*Exercise*. Only the lines that hold "WEBSITE" should be in the answer, each copied from the data below.

*Input data*.
══════════
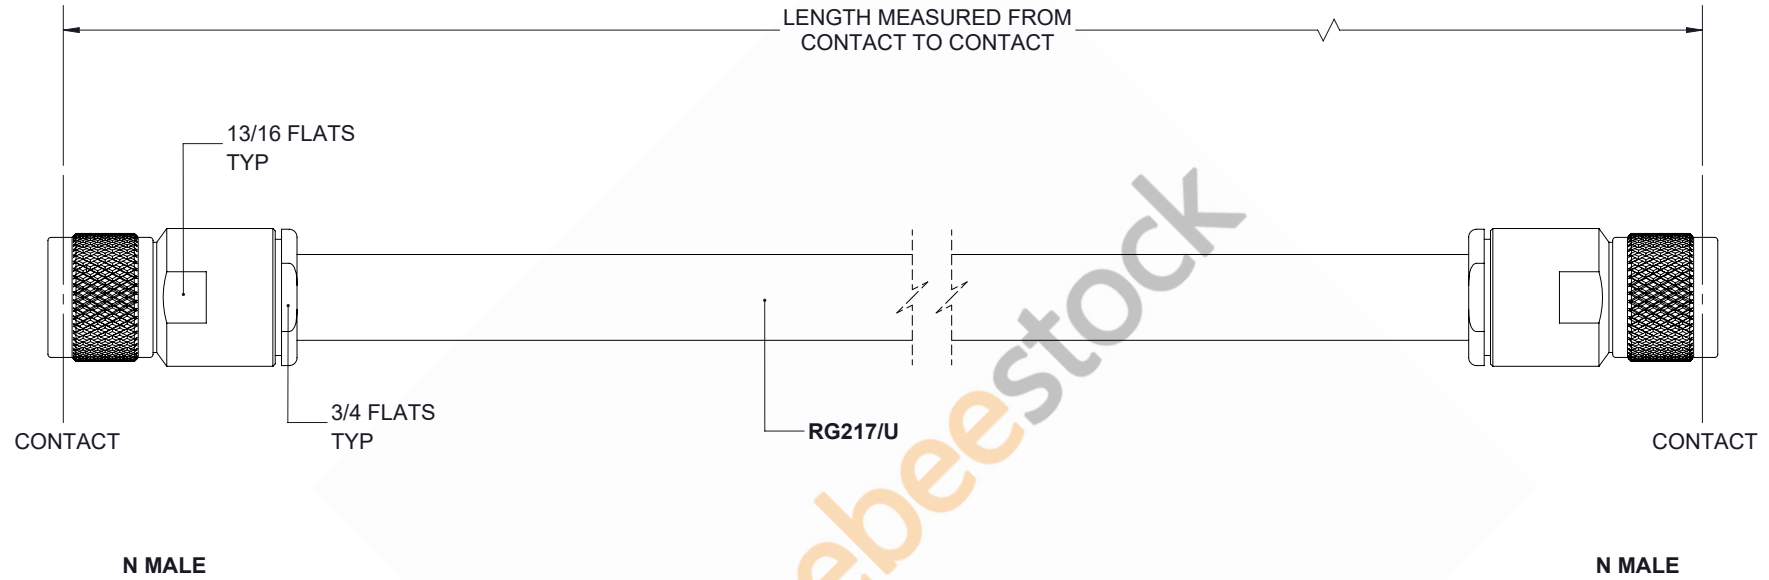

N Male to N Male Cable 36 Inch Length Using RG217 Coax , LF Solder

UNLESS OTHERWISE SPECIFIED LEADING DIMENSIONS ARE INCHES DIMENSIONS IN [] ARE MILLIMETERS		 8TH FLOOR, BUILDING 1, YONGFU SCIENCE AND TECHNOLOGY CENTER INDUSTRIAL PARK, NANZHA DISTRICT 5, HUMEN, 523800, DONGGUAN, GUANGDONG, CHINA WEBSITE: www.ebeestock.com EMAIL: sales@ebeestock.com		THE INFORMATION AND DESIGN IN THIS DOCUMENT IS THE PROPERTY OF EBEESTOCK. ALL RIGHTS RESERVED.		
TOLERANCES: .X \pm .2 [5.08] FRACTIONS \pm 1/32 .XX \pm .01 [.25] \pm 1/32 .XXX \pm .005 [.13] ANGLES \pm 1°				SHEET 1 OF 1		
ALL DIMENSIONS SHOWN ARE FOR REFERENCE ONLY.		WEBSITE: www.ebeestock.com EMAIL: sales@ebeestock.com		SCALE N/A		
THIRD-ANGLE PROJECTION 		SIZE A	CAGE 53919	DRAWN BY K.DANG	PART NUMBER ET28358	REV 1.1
══════════
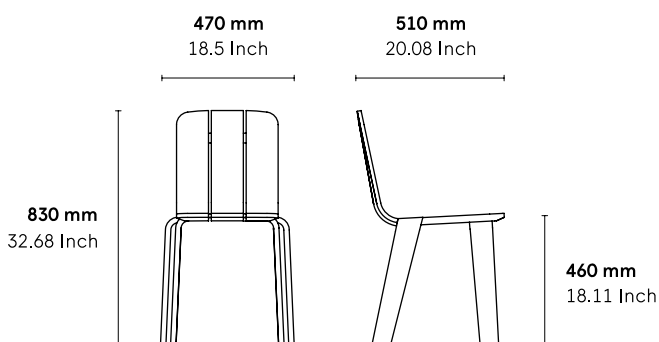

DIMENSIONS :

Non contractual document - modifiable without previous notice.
══════════
*Result of this task*.
UNLESS OTHERWISE SPECIFIED LEADING DIMENSIONS ARE INCHES DIMENSIONS IN [] ARE MILLIMETERS		 8TH FLOOR, BUILDING 1, YONGFU SCIENCE AND TECHNOLOGY CENTER INDUSTRIAL PARK, NANZHA DISTRICT 5, HUMEN, 523800, DONGGUAN, GUANGDONG, CHINA WEBSITE: www.ebeestock.com EMAIL: sales@ebeestock.com		THE INFORMATION AND DESIGN IN THIS DOCUMENT IS THE PROPERTY OF EBEESTOCK. ALL RIGHTS RESERVED.		
ALL DIMENSIONS SHOWN ARE FOR REFERENCE ONLY.		WEBSITE: www.ebeestock.com EMAIL: sales@ebeestock.com		SCALE N/A		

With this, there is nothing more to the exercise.